Before COVID-19, Pavelka sold pork, lamb and beef at farmers markets and to restaurants in Iowa City and Cedar Rapids. In late March, she launched a new no-contact pick-up at their farm. Now a weekly email is sent to customers who then respond with their orders and a time when they will come to the farm for pick-up. Pavelka puts each order in a small cooler on a folding table in their garage. Customers pull up the driveway, grab their food out of the cooler, leave their payment under the official Pavelka’s Point checkout — a rock paperweight from the driveway — and drive off.
During the COVID-19 pandemic, the differences between the United States’ two food systems — the large-scale, industrialized system versus the small-scale, community-based system — have become more apparent.
Currently, large vegetable farms are discarding produce that they are unable to sell because their intended market doesn’t exist or their supply chain has collapsed.
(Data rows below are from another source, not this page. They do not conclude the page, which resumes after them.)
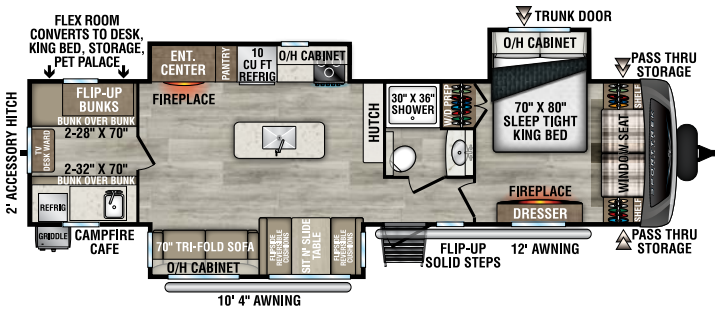

STT292VRB

UVW - 8,020 lbs. | Exterior Length - 34' 8" | Sleeps - 6

NEW

STT302VRD

UVW - 7,540 lbs. | Exterior Length - 33' 9" | Sleeps - 6

STT312VBH

UVW - 8,120 lbs. | Exterior Length - 35' 9" | Sleeps - 10

STT333VFK

UVW - 9,100 lbs. | Exterior Length - 36' 10" | Sleeps - 4

STT333VMI

UVW - 9,010 lbs. | Exterior Length - 36' 10" | Sleeps - 4

2025 SPORTTREK TOURING EDITION

STT336VRK

UVW – 9,020 lbs. | Exterior Length – 37' 8" | Sleeps – 4

STT343VBH

UVW – 9,050 lbs. | Exterior Length – 37' 10" | Sleeps – 11

STT343VIB

UVW – 9,130 lbs. | Exterior Length – 38' 2" | Sleeps – 11

STT343VIK

UVW – 9,120 lbs. | Exterior Length – 37' 5" | Sleeps – 4

985 N 900 W | Shipshewana, IN 46565 | www.venture-rv.com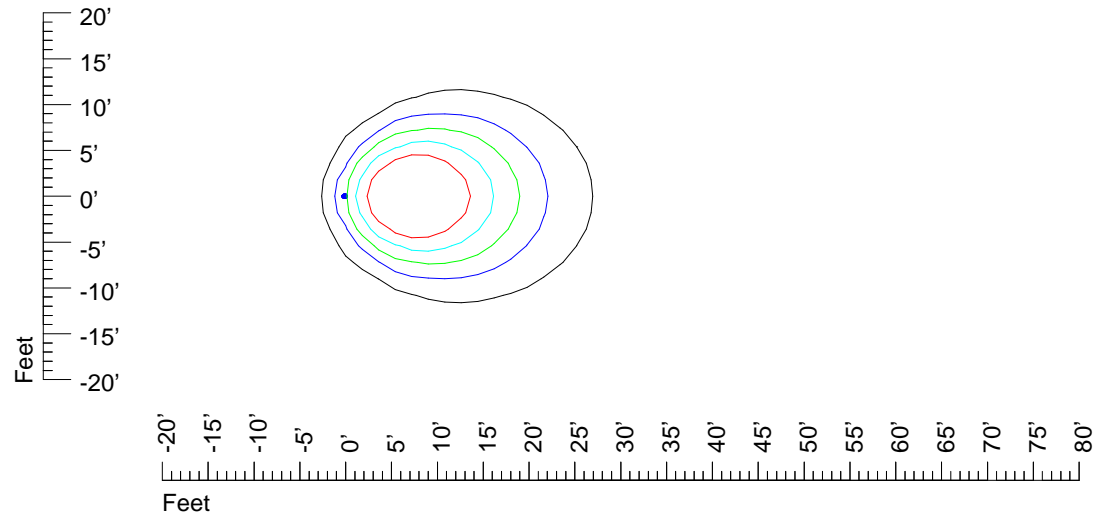

IES Photometric files : K346C 12v6w

Isoline template 7' mounting height

Isoline values — 0.1 fc — 0.25 fc — 0.5 fc — 1.0 fc — 2.0 fc

Mounting height 7' Tilt 0°

Mounting height 7' Tilt 30°

Mounting height 7' Tilt 15°

Mounting height 7' Tilt 45°

IES Photometric files : K346C 12v6w

Isoline template 9' mounting height

Isoline values — 0.1 fc — 0.25 fc — 0.5 fc — 1.0 fc — 2.0 fc

Mounting height 9' Tilt 0°

Mounting height 9' Tilt 30°

Mounting height 9' Tilt 15°

Mounting height 9' Tilt 45°

IES Photometric files : K346C 12v6w

Isoline template 11' mounting height

Isoline values — 0.1 fc — 0.25 fc — 0.5 fc — 1.0 fc — 2.0 fc

Mounting height 11' Tilt 0°

Confinement livestock operations are having to euthanize market-ready animals or sell them below break-even prices because meat processing plants are closing due to virus outbreaks.
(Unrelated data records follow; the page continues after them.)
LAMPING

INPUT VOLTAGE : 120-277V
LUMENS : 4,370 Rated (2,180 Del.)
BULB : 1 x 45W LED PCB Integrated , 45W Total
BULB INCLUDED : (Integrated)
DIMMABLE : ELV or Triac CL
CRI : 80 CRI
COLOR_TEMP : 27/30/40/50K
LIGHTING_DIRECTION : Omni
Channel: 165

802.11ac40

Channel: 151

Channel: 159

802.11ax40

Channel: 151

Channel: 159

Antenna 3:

Meanwhile, many small-scale farms with short supply chains and direct connections with consumers are showing the resilience of their business model.
“Many small local farms are vertically integrated, from production through sales. It’s the farmer that is involved in all of those steps,” said Marcus Johnson of Buffalo Ridge Orchard. “Whereas in larger-scale production, you have somebody planting, somebody harvesting, somebody distributing. Any failure along the way causes problems in the whole system. By being a smaller operation, we can change and adapt to those things in real time, easier and quicker.”
Customers are finding that, when it comes to small farms, it’s not just about buying food. Those who make the drive on the gravel roads of rural Johnson County to visit Lois and Bill’s farm are having an altogether different experience than pushing carts through grocery aisles.
“People are enjoying the drive out here. When you come down the hill from the Ellison farm, it’s a beautiful view over the Cedar River,” Pavelka said. “The ewes and their babies are out dancing in the green pasture. It’s been an added plus to see the customers’ joy.”
There is an oft-cited rallying cry in large-scale agriculture, “get big or get out.” Emma Johnson sees the misguidedness of that statement playing out during this time of crisis.
“Efficiency shouldn’t be the driver,” she said. “‘Be diversified. Serve your community.’ That should be the motto that farmers strive for.”
Jake Kundert is the Food Systems Director at the local nonprofit, Iowa Valley RC&D.
Editor’s Note: The author works with many food system stakeholders in his role at the Iowa Valley RC&D, including those featured in this story.